Your goal: Pull every line from the records that has the word "vasca" in it.

======

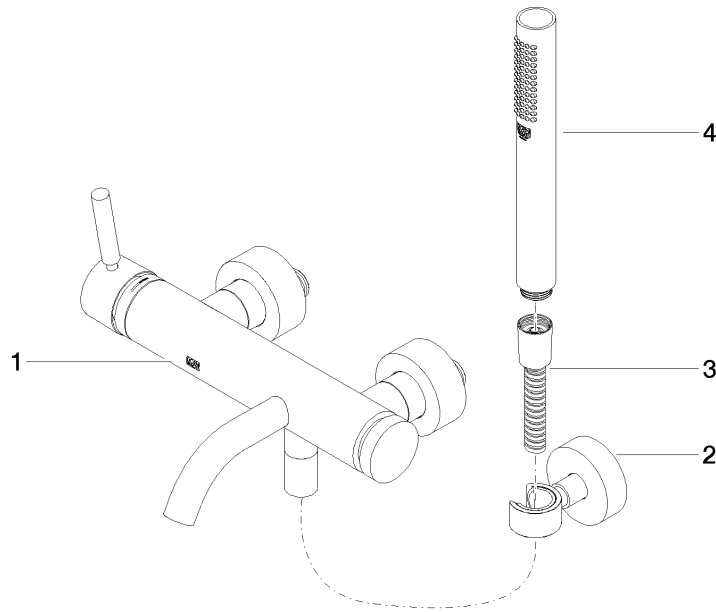

META Miscelatore monocomando vasca montaggio a muro con doccetta e flessibile - Cromo spazzolato

META

33 233 660

- Bocca: getto circolare con aria
- portata max 14 l/min a una pressione idraulica di 3 bar
- Doccetta: COMPACT RAIN, portata max. 6,8 l/min (a 3 bar)
- Gruppo doccetta con flessibile con sistema anticalcare
- deviatore automatico vasca/doccia
- sporgenza 202 mm
- rosette scorrevoli Ø 60 mm
- Interasse 150 mm ± 15 mm
- ingresso 1/2"
- Flessibile doccetta in metallo 1250mm con protezione antitorsione integrata
- rosetta supporto doccetta Ø 57mm

33 233 660
mm [inches]

Diagramma di portata

Certificati

Belgaqua_21-025- 27_1. LGA_29687. WRAS_2207043.

33 233 660
Parts for other
finishes can be found
here: Cromato

Elenco delle parti di ricambio

N.	Codice articolo	Denominazione	Quantità necessaria	Tempo di produzione
1	33 200 660-93	META Miscelatore monocomando vasca montaggio a muro senza doccetta - Cromo spazzolato	1	20
2	28 050 920-93	sostegno	1	-
Il pezzo di ricambio non può più essere ordinato, si prega di ordinare l'articolo sostitutivo				
3	90 30 02 072 00-93	Flessibile metallico per doccetta 1/2" x 3/8" x 1250 mm - Cromo spazzolato	1	20
4	90 12 11 140 30-93	doccia	1	20
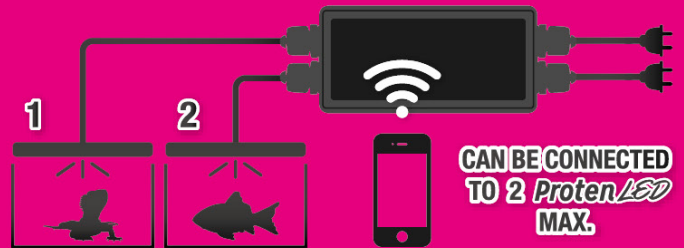

Aquarium Systems

We create your best solutions

Proten *LED* Control

- Create sunset, sunrise, daylight & moonlight phases.
- Control lighting with compatible phone, tablet or laptop.
- Up to 3 independent dimming channels.
- Up to 24 adjustment points per day.
- Up to 60W per channel, totalling 180W.
- Free downloadable App for iOS & Android.
- Can work with two Proten lighting ramps.
- 2 years guarantee.

- Permet de recréer les phases de lever et de coucher du soleil, de la lumière du jour ainsi que les phases lunaires.
- Contrôle de l'éclairage via un téléphone, d'une tablette ou d'un ordinateur portable bluetooth compatible.
- Jusqu'à trois canaux de gradation indépendants.
- Jusqu'à 24 points de réglage par jour.
- Jusqu'à 60W par canal, soit un total de 180W.
- App gratuite à télécharger pour iOS & Android.
- Peut faire fonctionner 2 rampes d'éclairage Proten.
- Garantie de deux ans.

- Kreieren Sie den Sonnenauf- & Untergang wie auch die Intensität der Tages- und Mondphase.
- Komfortable Steuerung über APP (Smartphone & Tablet) kostenlos für iOS und Android verfügbar.
- 3 unabhängig dimmbare Kanäle.
- Mit 24 Schaltpunkten zur individuellen Steuerung Ihrer Beleuchtung.
- Pro Kanal bis zu 60Watt Steuerbar insgesamt 180Watt.
- Kostenlos herunterladbare Apps für iOS und Android.
- Mit einer Dimmereinheit können bis zu 2 Proten-LED Bar gesteuert werden.
- 2 Jahre Garantie.

CAN BE CONNECTED TO 2 PROTEN MAX.
PEUT FONCTIONNER AVEC 2 PROTEN.
KANN 2 PROTEN-BELEUCHTUNGSRAMPEN BETRIEBENEN.

WWW.AQUARIUMSYSTEMS.EU
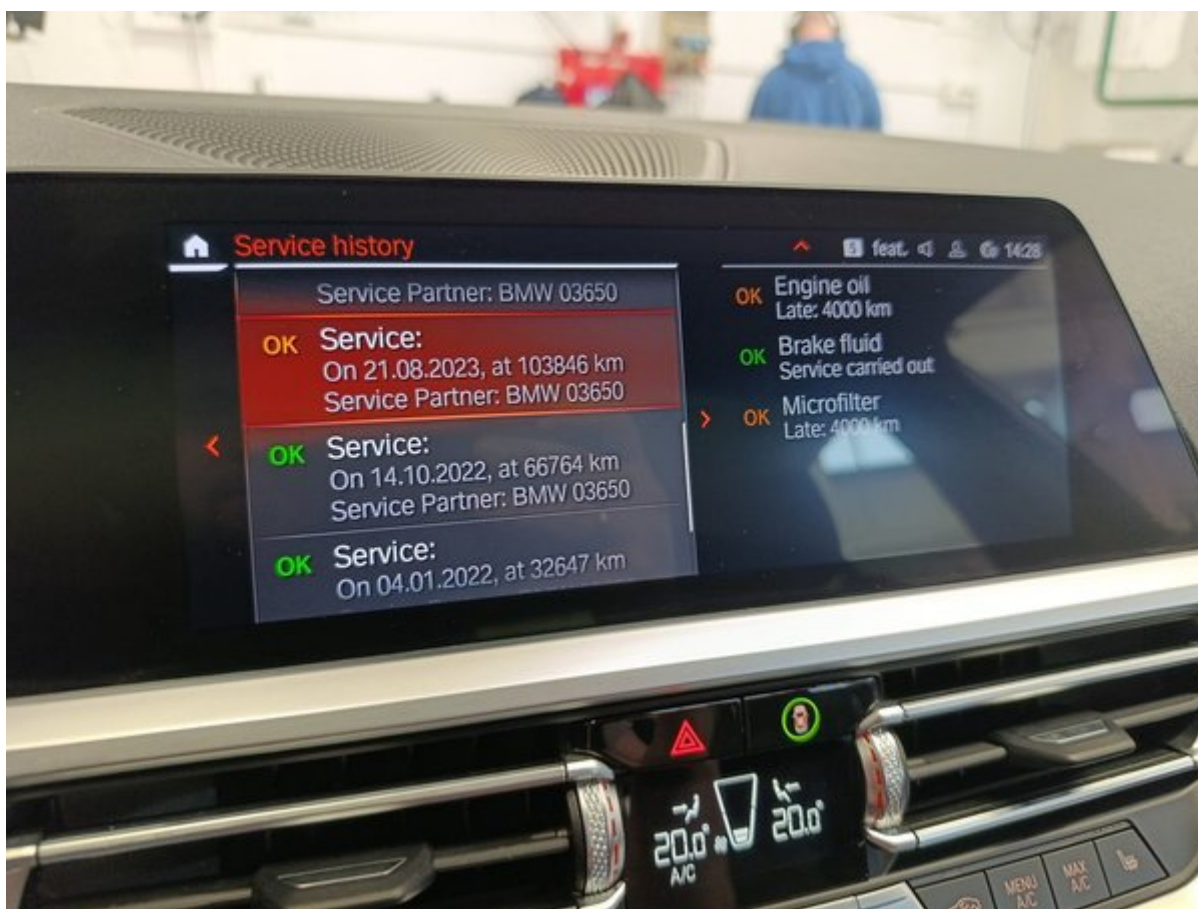

Дополнительная информация о 2021 BMW 320 High Executive Edition

Дополнительные фотографии

150-пунктовый чек-лист Longo

Каждый автомобиль тщательно проверяется по детальному чек-листу Longo из 150 пунктов, охватывающему салон, кузов и зависимость от состояния, пробега и комплектации могут быть добавлены дополнительные проверки или исключены отде
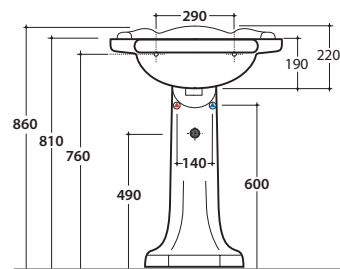

PAESTUM LAVABO PA057BI

CE EN 14688:2015

GLOBO

Effetto antibatterico su ceramica BATAFORM®

Prodotto smaltato con CERASLIDE®

Cod. **PA057BI**

Lavabo 62.54 h22 cm. Installazione sospesa o su colonna a terra. Completo di fissaggi. Peso 19 Kg

Cod. **PA05BI**

Colonna a terra. Per lavabi PA057 e PA006. Peso 13 Kg

Cod. **FI012BI**

Piletta up and down con tappo in ceramica per lavabi con troppo pieno. Peso 0,5 Kg

Cod. **FI012CR**

Piletta cromata up and down per lavabi con troppopieno. Peso 0,5 Kg

PAESTUM LAVABO PA057BI

CE EN 14688:2015

GLOBO

Cod. **PASC57**

Struttura sospesa 59.52 h48 cm in ottone cromato, per lavabo PA057. Peso 8 Kg

Cod. **PATC57**

Struttura a terra 59.52 h82 cm in ottone cromato, per lavabo PA057. Peso 13 Kg

Cod. **PA128**

Struttura sospesa 61.54 h47 cm in metallo anticato, per lavabo PA057. Peso 6 Kg

PAESTUM LAVABO PA057BI

CE EN 14688:2015

GLOBO

Cod. **PA127**

Struttura a terra 61.54 h81 cm in metallo anticato per lavabo PA057. Peso 7 Kg
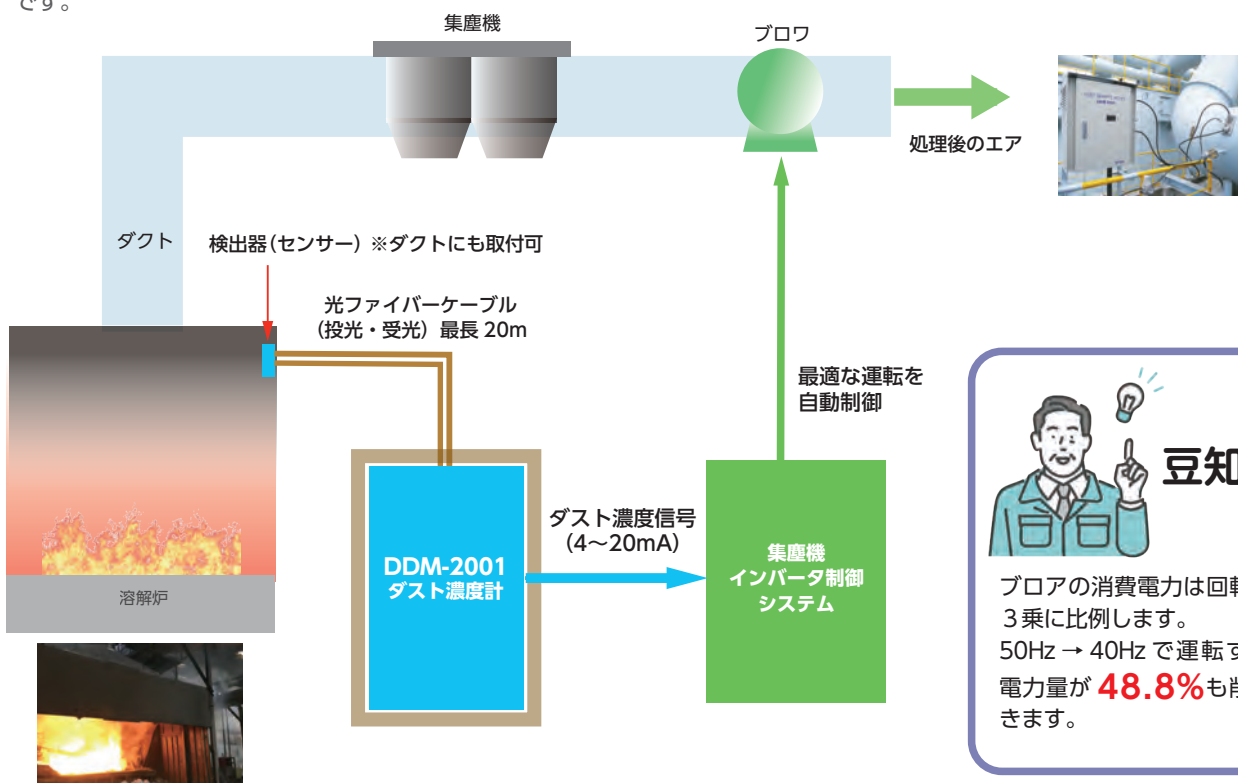

ダスト濃度計 DDM-2001

集塵機ブロワーの使用電力量を削減

電力もCO₂もまとめて削減。未来につなぐ環境製品

■ 排ガス中のダスト(煤塵)濃度自動計測

センサーでダクト内、フード内のダスト濃度を常に監視。

ダスト濃度をリアルタイムでデータ送信し、最適な運転を自動制御。過剰な電力消費を抑制し、省エネを実現します。

※標準 - 20℃～+380℃ (オプションで+800℃まで対応可)

フード内面の検出状態

DDM-2001 内部

インバータ制御盤

溶解炉直上の高温で、ダスト濃度が高い環境下でも安定して煤塵濃度を連続測定できている。

■ イメージ図

ダスト(煤塵)濃度が高く、高温で明るい雰囲気溶解炉フード内でも正確に測定できるダスト濃度計には DDM-2001 が最適です。

豆知識

ブロアの消費電力は回転数の3乗に比例します。
50Hz → 40Hzで運転すると電力量が**48.8%**も削減できます。

施工実績例

ダスト(煤塵)濃度信号による集塵機(バグフィルタ)ブロウ用モータ回転数制御対策により、手動切替時より電力使用量(原単位)を20%以上削減を達成。

コントロールボックスで作られたハロゲンランプの光が、光ファイバーを経由して検出器に接続されて照射されます。この照射された光が煤塵に当たって散乱する微小な光が受光側へ導かれてダスト濃度信号になります。このやり取りをする測定領域はこの図の様にボリュームある3次元的空間になりますので、計測漏れが少ない測定方法になります。
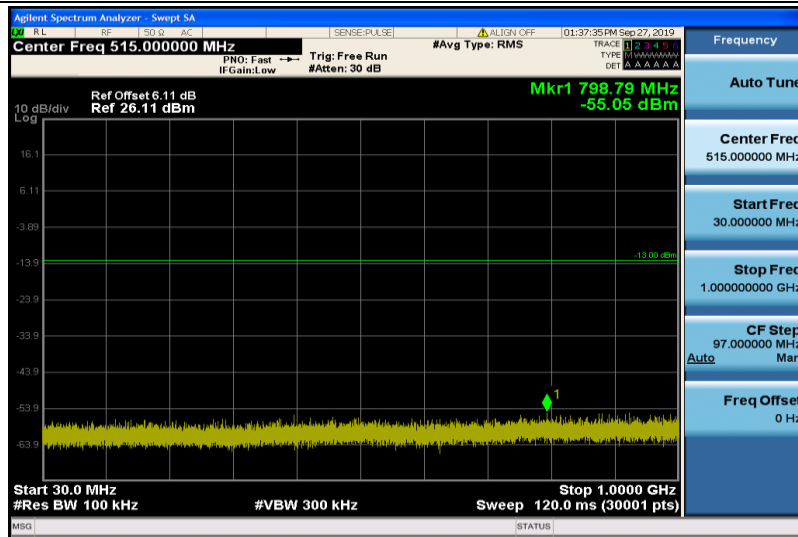

Band2-1.4MHz-16QAM-18607-1RB#0-30~1000MHz

Band2-1.4MHz-16QAM-18607-1RB#0-1000~26000MHz

Band2-1.4MHz-16QAM-18900-1RB#0-30~1000MHz

Band2-1.4MHz-16QAM-18900-1RB#0-1000~26000MHz

Band2-1.4MHz-16QAM-19193-1RB#0-30~1000MHz
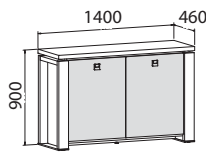

Skříň dvoudveřová, skleněné dveře

E 2 2 01	lamino	10 500,- Kč
E 2 2 01 K	kůže	14 010,- Kč
E 2 2 01 S	sklo	12 440,- Kč
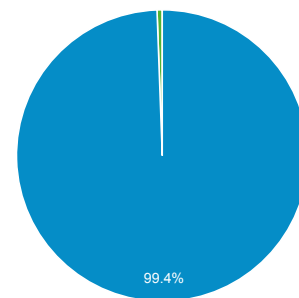

国別の訪問数

■ Japan ■ (not set)
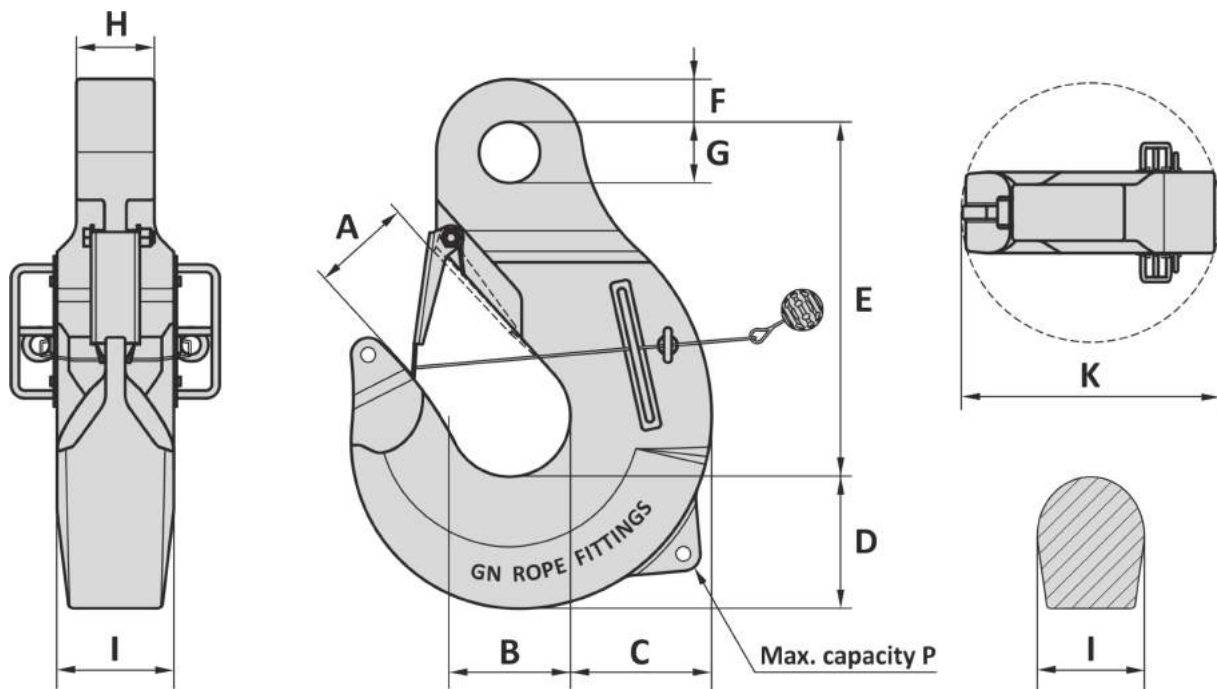

SOFTSLING FRIENDLY ROV HOOK

TYPE HK14

Material : Alloy steel
 Safety factor : 4 times
 Finish : Painted
 Temperature range : -40°C up to +200°C, Polar Rated
 Standard certification : Certificate of Conformity
 3.1 material certificated EN 10204

Non-standard sizes or custom products available on request

Art. No.	WLL ton	MBL ton	A mm	B mm	C mm	D mm	E mm	F mm	G mm	H mm	I mm	K mm	P ton	Weight kg
73000050	50	200	103	120	140	125	392	49	73	60	90	366	2	66
73000063	63	252	109	130	160	140	423	53	85	70	100	406	3.25	90
73000080	80	320	119	140	180	160	465	60	90	80	120	453	4.75	133
73000100	100	400	142	160	190	165	530	65	110	100	140	495	4.75	187
73000150	150	600	157	180	230	200	590	70	120	120	180	588	6.5	314
73000200	200	800	180	210	260	230	678	78	135	145	200	665	8.5	467
73000250	250	1000	218	250	290	260	750	90	150	170	230	743	9.5	656
73000300	300	1200	259	300	320	290	865	100	160	180	260	832	12	915
73000400	400	1600	280	320	350	320	910	105	180	200	300	909	17	1218
73000500	500	2000	294	340	390	340	985	110	190	220	320	982	17	1541
73000600	600	2400	304	350	420	370	1035	120	210	250	340	1037	25	1883
73000700	700	2800	317	360	450	390	1060	125	220	280	380	1097	25	2290
73000800	800	3200	327	380	500	440	1180	140	240	300	400	1213	25	2994
73000900	900	3600	338	400	520	460	1260	150	260	320	420	1282	35	3565
73001000	1000	4000	353	420	560	480	1340	160	280	340	440	1345	35	4250
73001250	1250	5000	371	450	600	530	1415	185	310	360	480	1452	42.5	5500
73001550	1550	6200	394	480	660	590	1505	205	330	360	540	1566	42.5	7000

Tolerance: Machined parts ± 1 mm

25-07-2018

======

Result of the task:
META Miscelatore monocomando vasca montaggio a muro con doccetta e flessibile - Cromo spazzolato
- deviatore automatico vasca/doccia
1	33 200 660-93	META Miscelatore monocomando vasca montaggio a muro senza doccetta - Cromo spazzolato	1	20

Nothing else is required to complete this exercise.